» **Excerpted data**:
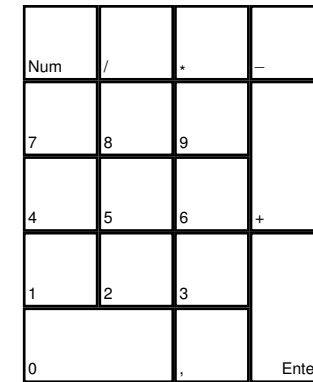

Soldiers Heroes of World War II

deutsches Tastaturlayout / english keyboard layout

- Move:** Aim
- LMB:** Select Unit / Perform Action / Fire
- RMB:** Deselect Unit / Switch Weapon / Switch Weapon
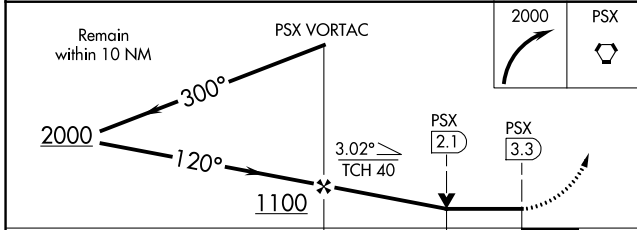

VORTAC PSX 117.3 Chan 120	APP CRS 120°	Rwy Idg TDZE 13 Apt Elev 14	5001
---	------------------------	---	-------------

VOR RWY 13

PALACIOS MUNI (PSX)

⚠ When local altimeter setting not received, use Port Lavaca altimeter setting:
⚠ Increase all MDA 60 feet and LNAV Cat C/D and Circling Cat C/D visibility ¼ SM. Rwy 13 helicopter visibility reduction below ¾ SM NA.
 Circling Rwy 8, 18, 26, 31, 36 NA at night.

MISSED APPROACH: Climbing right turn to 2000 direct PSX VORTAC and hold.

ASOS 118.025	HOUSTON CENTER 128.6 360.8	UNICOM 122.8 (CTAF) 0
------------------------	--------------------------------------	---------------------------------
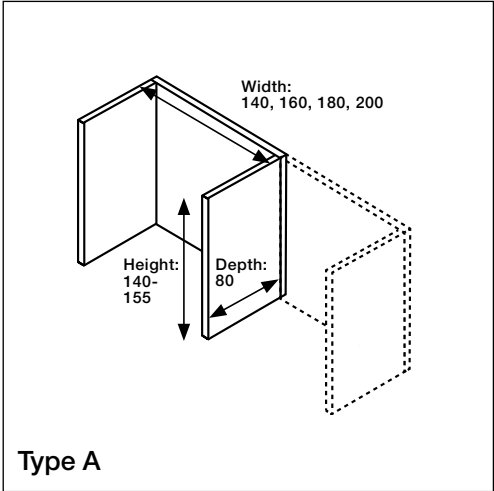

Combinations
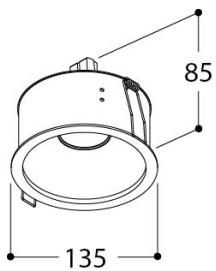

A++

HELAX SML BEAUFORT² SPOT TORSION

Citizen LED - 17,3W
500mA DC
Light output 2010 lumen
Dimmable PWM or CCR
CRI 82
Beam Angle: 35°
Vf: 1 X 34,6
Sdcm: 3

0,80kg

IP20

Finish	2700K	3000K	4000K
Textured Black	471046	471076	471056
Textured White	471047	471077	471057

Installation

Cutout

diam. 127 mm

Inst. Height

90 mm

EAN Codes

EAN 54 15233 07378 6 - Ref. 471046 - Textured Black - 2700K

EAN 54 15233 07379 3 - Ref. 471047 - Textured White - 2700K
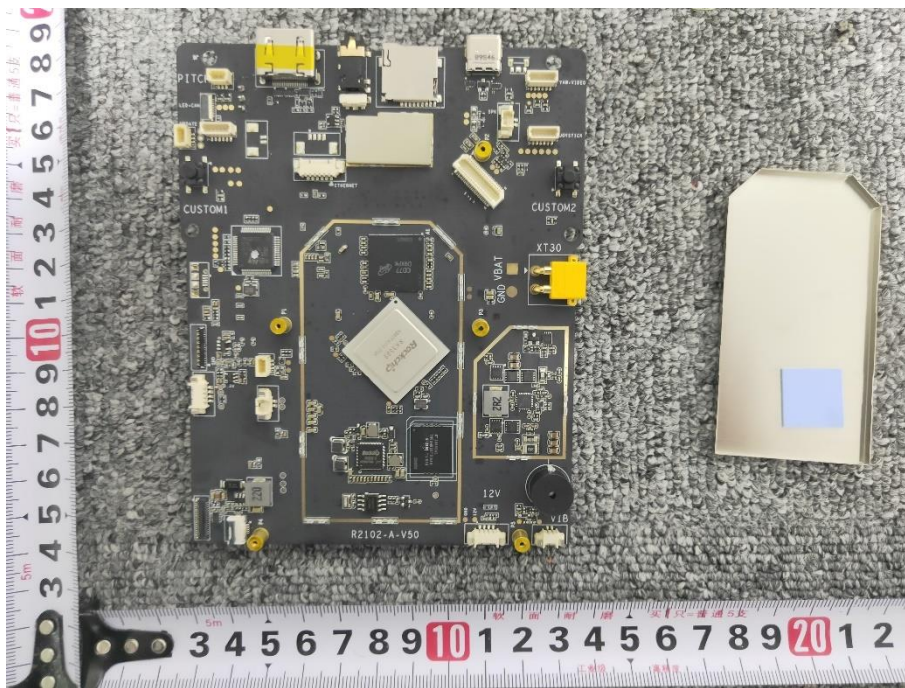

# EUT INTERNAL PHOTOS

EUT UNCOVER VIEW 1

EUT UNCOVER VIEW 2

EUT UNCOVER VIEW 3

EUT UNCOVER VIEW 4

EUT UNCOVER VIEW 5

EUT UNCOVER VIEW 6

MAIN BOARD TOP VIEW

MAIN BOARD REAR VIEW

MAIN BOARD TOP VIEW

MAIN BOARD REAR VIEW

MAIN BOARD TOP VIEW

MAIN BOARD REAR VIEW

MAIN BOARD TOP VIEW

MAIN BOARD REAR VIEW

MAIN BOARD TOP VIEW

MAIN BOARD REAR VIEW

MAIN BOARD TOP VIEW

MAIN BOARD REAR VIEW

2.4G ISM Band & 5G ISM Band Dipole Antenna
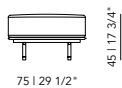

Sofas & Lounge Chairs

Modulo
==
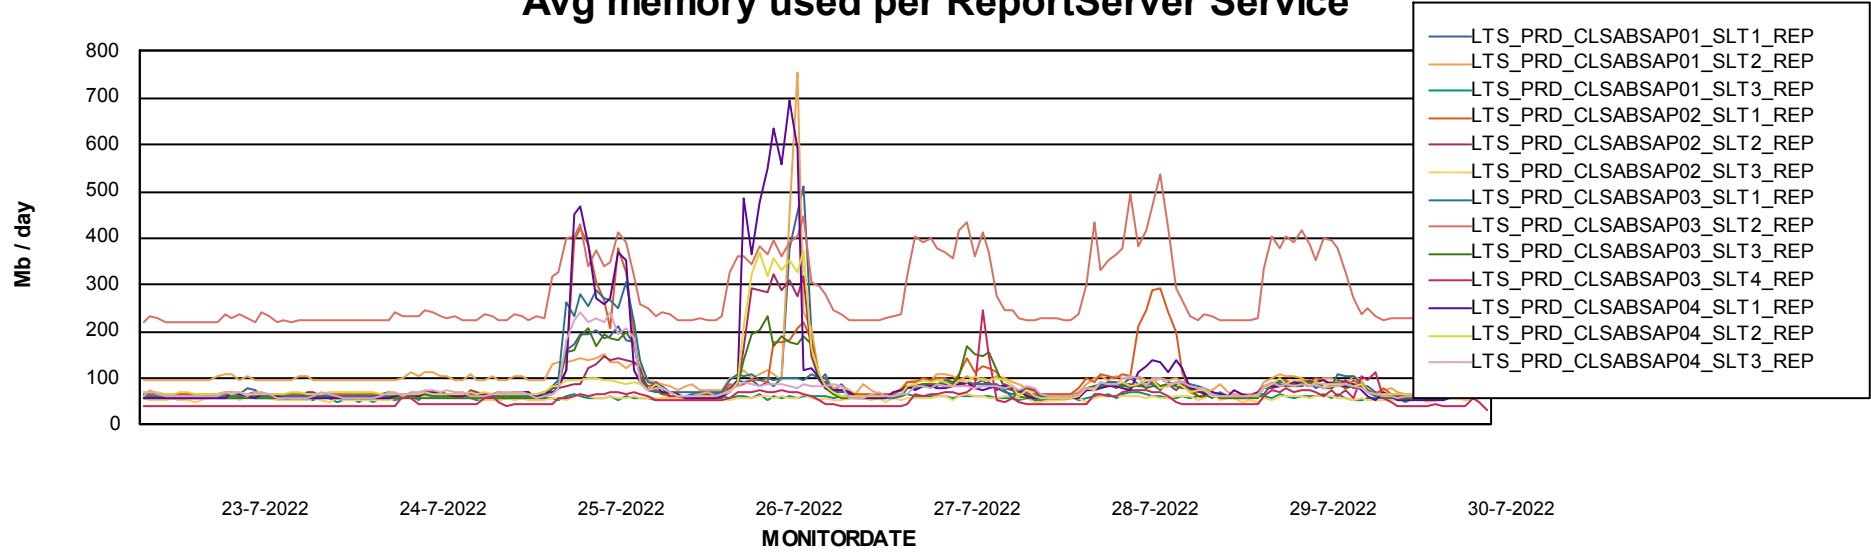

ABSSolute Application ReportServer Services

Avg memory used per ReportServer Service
...
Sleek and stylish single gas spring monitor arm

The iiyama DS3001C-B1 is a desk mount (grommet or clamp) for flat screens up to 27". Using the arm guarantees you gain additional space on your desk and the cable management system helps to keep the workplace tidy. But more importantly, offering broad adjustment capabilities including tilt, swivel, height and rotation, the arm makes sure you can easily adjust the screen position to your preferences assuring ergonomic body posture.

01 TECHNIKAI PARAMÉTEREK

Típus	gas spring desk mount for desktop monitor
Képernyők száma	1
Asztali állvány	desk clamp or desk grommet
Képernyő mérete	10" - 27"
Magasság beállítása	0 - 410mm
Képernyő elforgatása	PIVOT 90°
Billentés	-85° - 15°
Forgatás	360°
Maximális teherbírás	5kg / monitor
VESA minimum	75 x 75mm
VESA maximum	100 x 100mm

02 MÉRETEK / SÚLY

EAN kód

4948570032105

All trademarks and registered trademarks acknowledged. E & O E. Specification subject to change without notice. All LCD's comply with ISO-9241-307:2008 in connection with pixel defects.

» **What is being asked**: Print exactly the lines above that run from the one with "Soldiers Heroes of World War II" to the one with "VORTAC PSX 117.3", both included. No pictures.

» **Task solution**:
Soldiers Heroes of World War II

deutsches Tastaturlayout / english keyboard layout

- Move:** Aim
- LMB:** Select Unit / Perform Action / Fire
- RMB:** Deselect Unit / Switch Weapon / Switch Weapon

VORTAC PSX 117.3 Chan 120	APP CRS 120°	Rwy Idg TDZE 13 Apt Elev 14	5001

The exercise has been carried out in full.